Since like 1904, the research to isolate, manufacture, and instruct human beings how to make spike proteins, this type of technology, they have been working out and constructing since 1904, but really ramped up in the 1940s. That’s when it really started. There’s enough evidence there. This is how Ralph Baric or anybody else in trying to create a bioweapon using spike proteins, they got all this information from the research of Stanley Cohen.

Paul F. Reid got a patent in 2010 for the spike protein identical to be used as a large scale antiviral vaccine, and he was paid for by our United States government from 1993 to 1996 in Fort Dietrich, Maryland. His job was to isolate the spike protein, find out how to mass produce it synthetically in bacteria and yeast systems for the intent to be delivered to humans in a vaccine form for a viral infection. That is what he was awarded in 2010 for a patent for his work he was paid for with grants from our government, our tax dollars to do this in a mass scale from 1993 to 1996. And yes, they have been manufacturing spike proteins for a long time. They have also already determined for decades, this is way before Baric. They’ve known this for decades.
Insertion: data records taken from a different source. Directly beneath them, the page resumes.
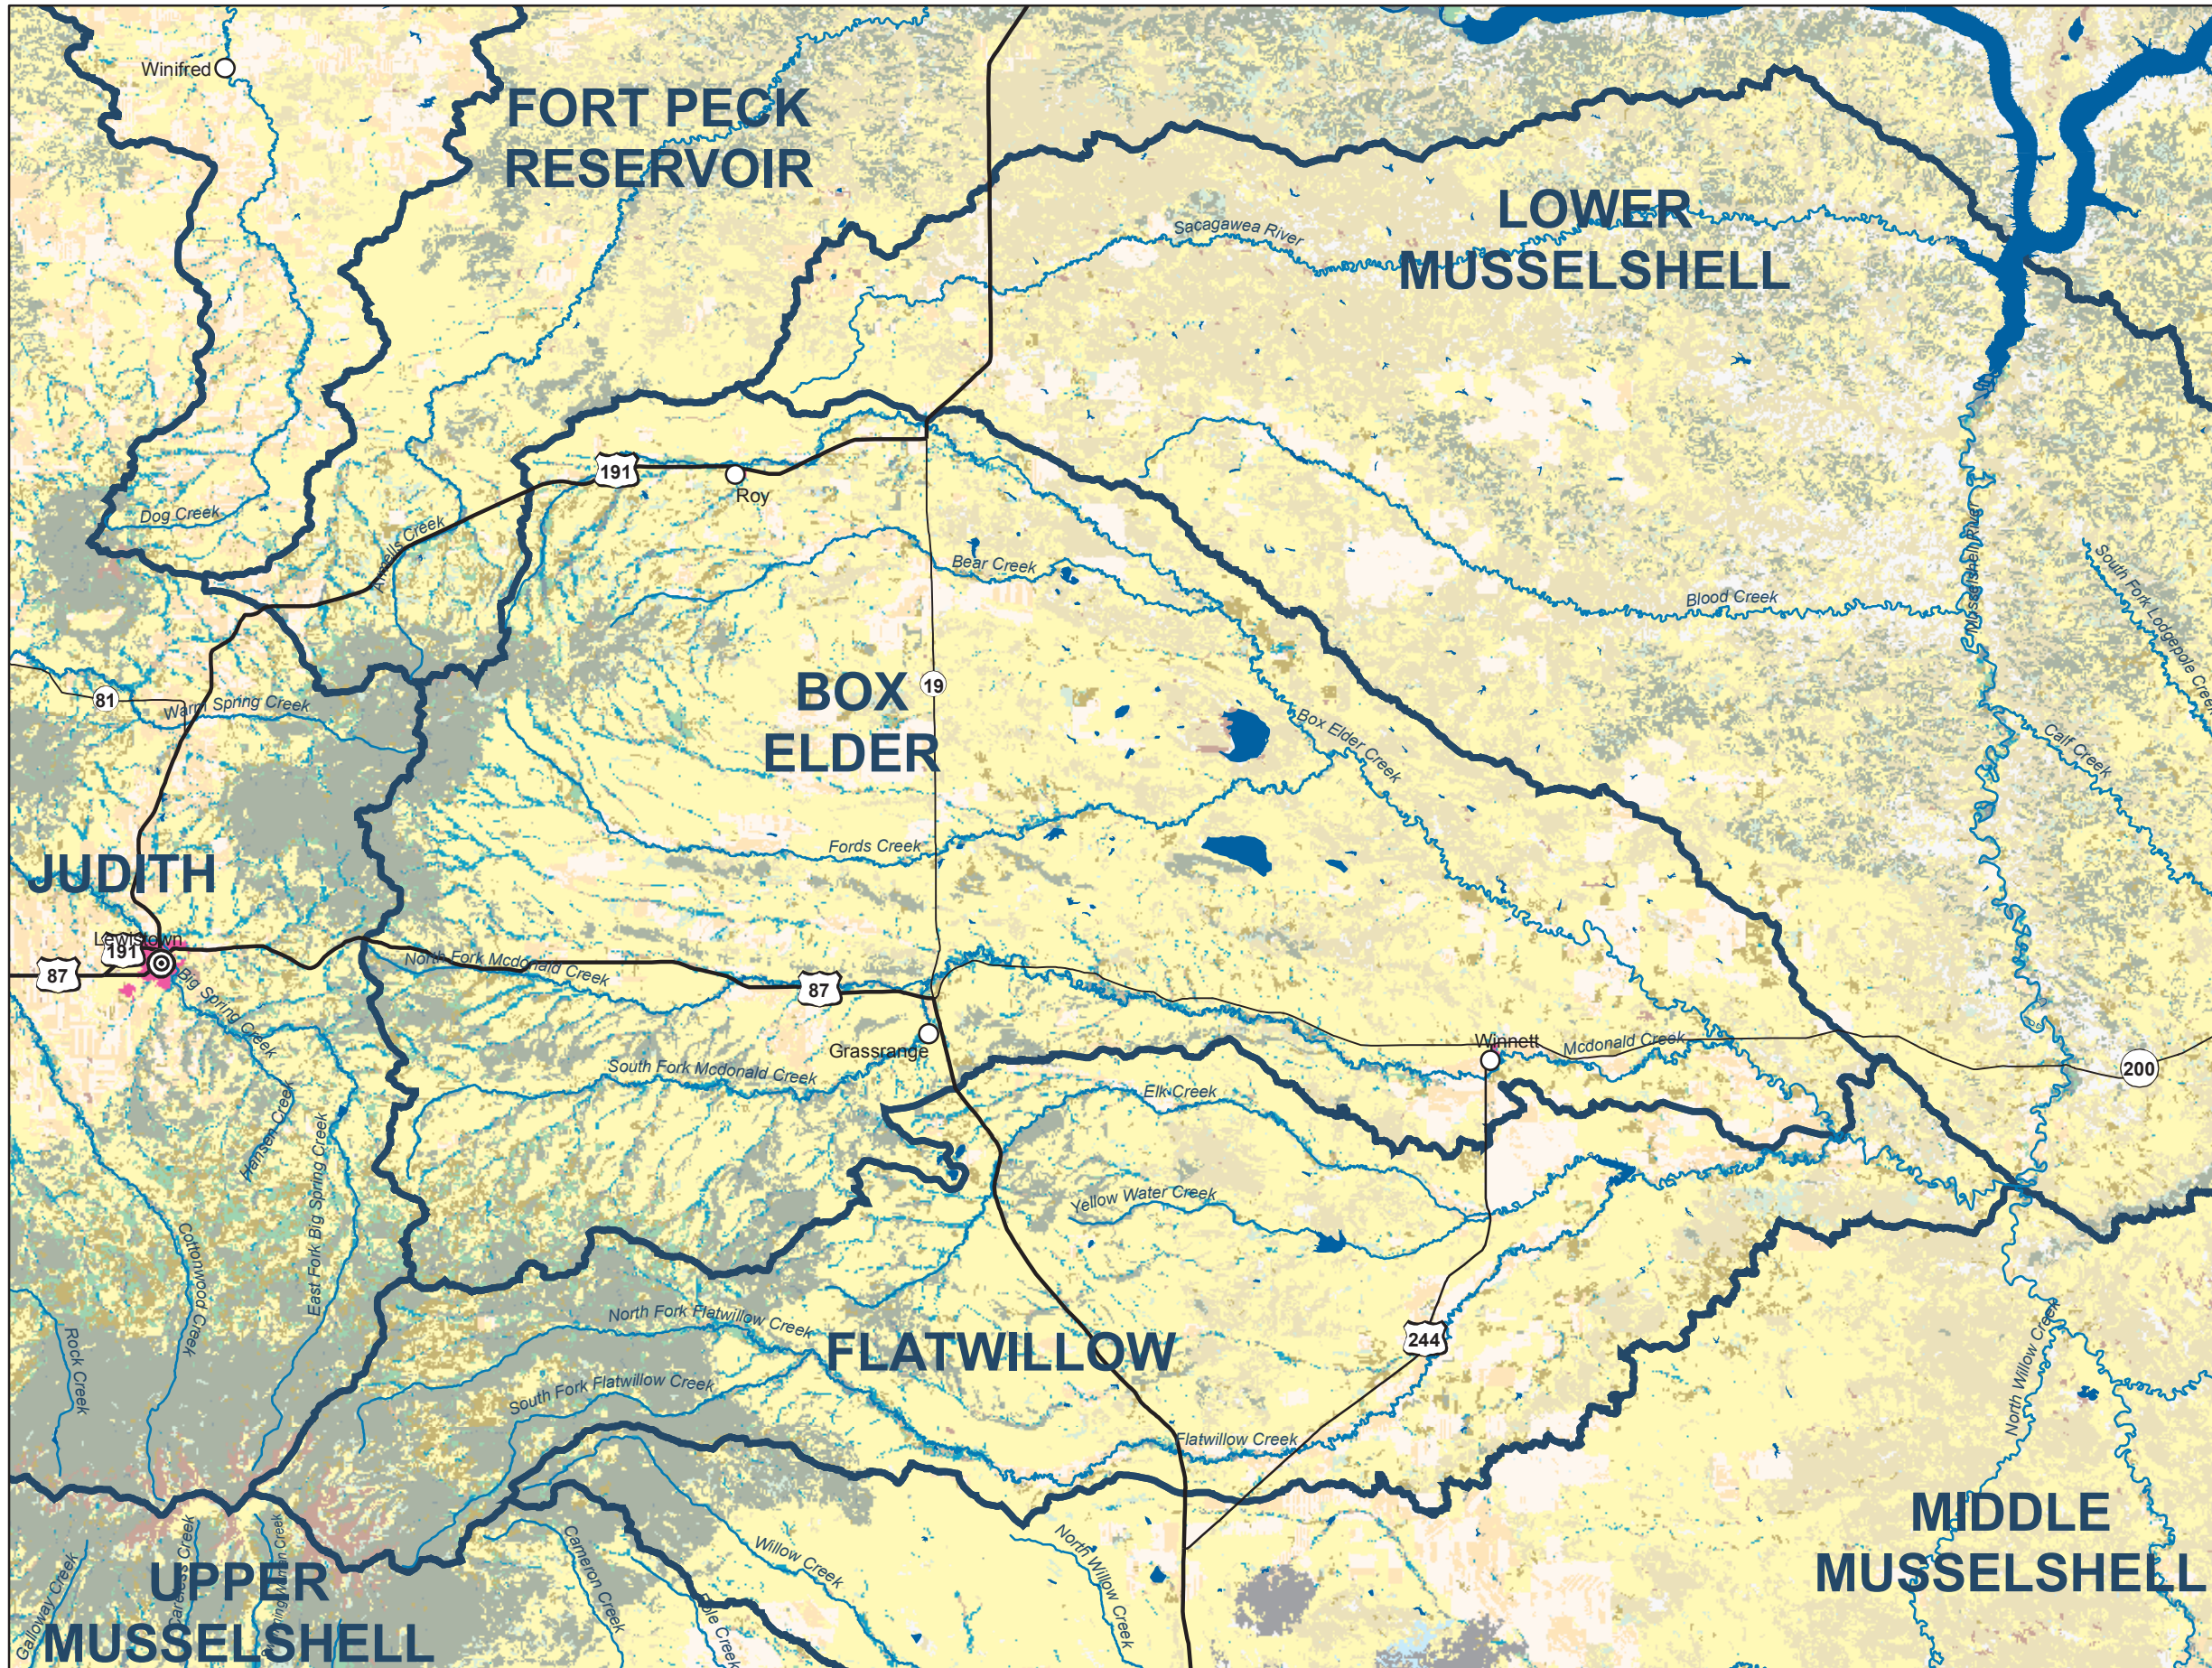

# BOX ELDER

HUC 10040204

- Legend
- Lake - Reservoir
  - Perennial River
  - Sub Basin (Fourth Code)
  - Land Cover - Use
    - Urban
    - Dryand Agriculture
    - Irrigated Agriculture
    - Upland Grassland
    - Moist Grassland
    - Dry Shrubland
    - Tree/Grassland
    - Mixed Deciduous Forest
    - Conifer Forest
    - Herbaceous Dominated Riparian
    - Shrub Dominated Riparian
    - Tree Dominated Riparian
    - Water
    - Barren
    - Badlands
    - Cloud

Map Scale: 1:420,000
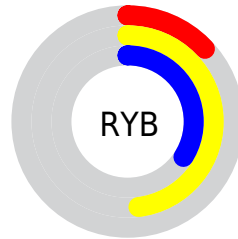

# Details

The CIELCh color **46, 53.795, 129.558** is a dark color, and the websafe version is hex **336600**. A complement of this color would be **25, 57.936, 315.274**, and the grayscale version is **41, 0.006, 296.813**.

A 20% lighter version of the original color is **66, 53.934, 129.417**, and **26, 47.197, 134.167** is the 20% darker color. If you saturate the color by 10%, you get **46, 58.869, 129.664**, and if you desaturate by 10%, it is **46, 47.710, 129.737**.

# Distribution

 Red (27%)

 Green (48%)

 Blue (13%)

 Red (13%)

 Yellow (48%)

 Blue (34%)

 Cyan (44%)

They know how to get bacteria, yeast, baculovirus, and mammal cell lines to synthetically manufacture spike proteins. So, this has been a long time coming.

They know everything about this technology. The entire technology of spike proteins and the mRNA technology to get the human body, mammal cells, to make spike proteins is nothing more, it is nothing more than 100% everything they know how to do and how to create snake venom peptides, and get those microorganisms to make it. mRNA technology, spike protein technology, all of it is simply snake venom research and technology. Every way in which the spike proteins hurt the human body are identical to every single toxic component of snake venoms or any venoms, scorpion venoms, bee venoms, spider venoms, snake venoms.
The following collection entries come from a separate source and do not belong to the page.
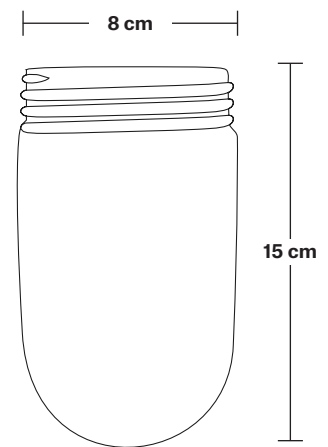

Shade weight: 1.1kg

INFORMATION

Finishes: Brass, Pewter, Light Pewter, Copper, Copper & Pewter, Brass & Pewter.

DIMENSIONS

Shade Diameter: 33 cm / 13"

Shade Height (no holder): 21 cm / 8.3"

Brooklyn Outdoor & Bathroom Dome Flush Mount - 13 Inch - Brass

Wall mount screws not included.

Holders available: Brass, Pewter, Copper.

Ceiling rose: Pewter.

IP rating: IP65 with glass

DIMENSIONS

Shade Diameter: 33 cm / 13"

Shade Height (no holder): 21 cm / 8.3"

Holder Diameter: 6 cm / 2.5"

Holder Height: 17 cm / 6.6"

Ceiling Rose Diameter: 13.5 cm / 5.3"

Ceiling Rose Height: 3 cm / 1.2"

INDUSTVILLE

Brooklyn Outdoor & Bathroom Flush Mount Holder

Product Code: BR-IP65-FMH

H: 17 cm x W: 13.5 cm x D: 13.5 cm

Ceiling rose: Pewter.

IP rating: IP65 with glass

DIMENSIONS

Holder Diameter: 6 cm / 2.5"

Holder Height: 17 cm / 6.6"

Ceiling Rose Diameter: 13.5 cm / 5.3"

Ceiling Rose Height: 3 cm / 1.2"

Brooklyn Outdoor & Bathroom Flush Mount Holder - Globe Glass
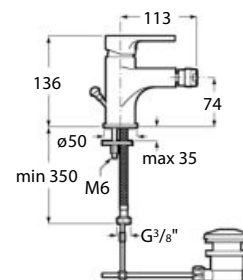

Arola / Ceramic cartridge

Basin mixer

5L
COLD
START

Single-lever basin mixer.
With aerator, pop-up waste and flexible supply hoses.
Cold start. Chrome.
Ref. A5A306AC0K

Basin mixer

5L
COLD
START

Single-lever basin mixer, smooth body.
With aerator and flexible supply hoses.
Cold start. Chrome.
Ref. A5A326AC0K

High spout basin mixer

5L
COLD
START

Single-lever high spout basin mixer, smooth
body with aerator and flexible supply hoses.
Cold start. Chrome.
Ref. A5A376AC0K

Basin mixer ⁽¹⁾

COLD
START

Single-lever basin mixer with lateral handle, aerator
and flexible supply hoses.
Cold start. Chrome.
Ref. A5A8A6AC0K

Bidet mixer

Single-lever bidet mixer with aerator,
pop-up waste and flexible supply hoses.
Chrome.
Ref. A5A626AC0K
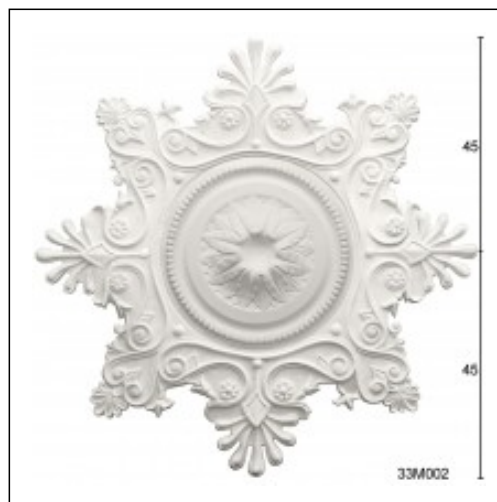

Glyphic Ceiling Roses / Four Stars

Cat.No. 33.M.002

Round Glyphic Centerpiece

F1: 90 cm.

RELATIVE PRODUCT PHOTOS
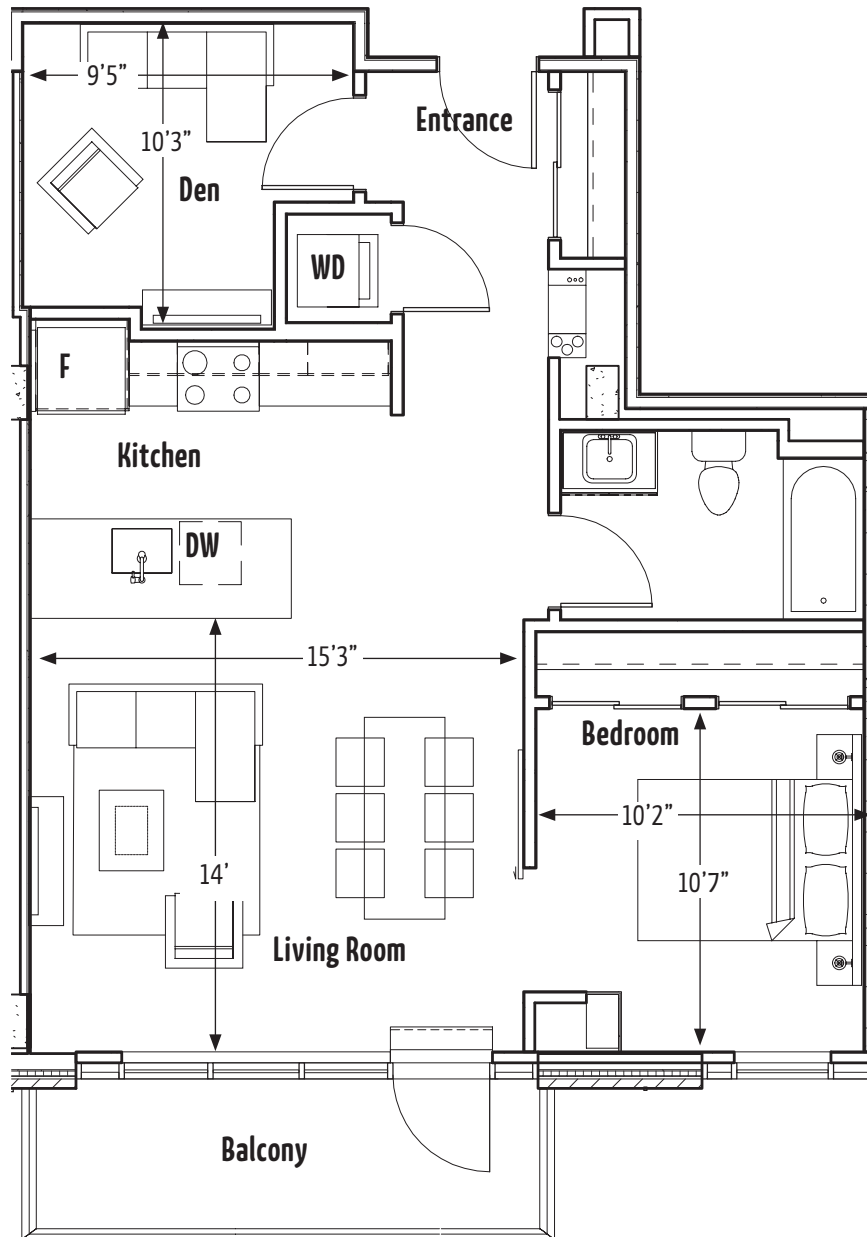

THE
ALEXANDER

SEYMOUR | 1B+D, 1 BATH

Suite: 208

792 sqft

902.453.9000
THEALEXANDERHALIFAX.COM

Does not include furniture. All sizes and specifications are subject to change without notice. E.&O.E.

All of them have the same toxic effects, and they’re 3-fold. All the injuries from the vaccines have 3 ways they’re going to hurt you, the same 3 ways all venoms hurt a human also. That is hemotoxic, meaning it’s going to injure your blood vessels, hurt your red blood cells, your platelets, cause blood clotting, cause strokes, cause hemorrhaging. That is a venom side effect to the blood. They call this the clot shot for a reason because it’s causing blood clots.

In snake venom, there’s a specific component . It’s called a procoagulating Factor Va protein in venom. That is exactly what scientists have known for years causes blood clotting without needing the human body’s blood clotting factors to initiate the blood clots. It’s totally independent of the human’s body’s ability to make blood clotting. This is why, when you see elevated D-dimer test in vaccinated patients, which they’re finding in over 60% of people getting these shots, look at medscape.com right now, it says all medical doctors, to interpret elevated D-dimers all you need to do is look for snake venom poisoning because it causes blood clotting, and you’ll see elevated D-dimers as a result.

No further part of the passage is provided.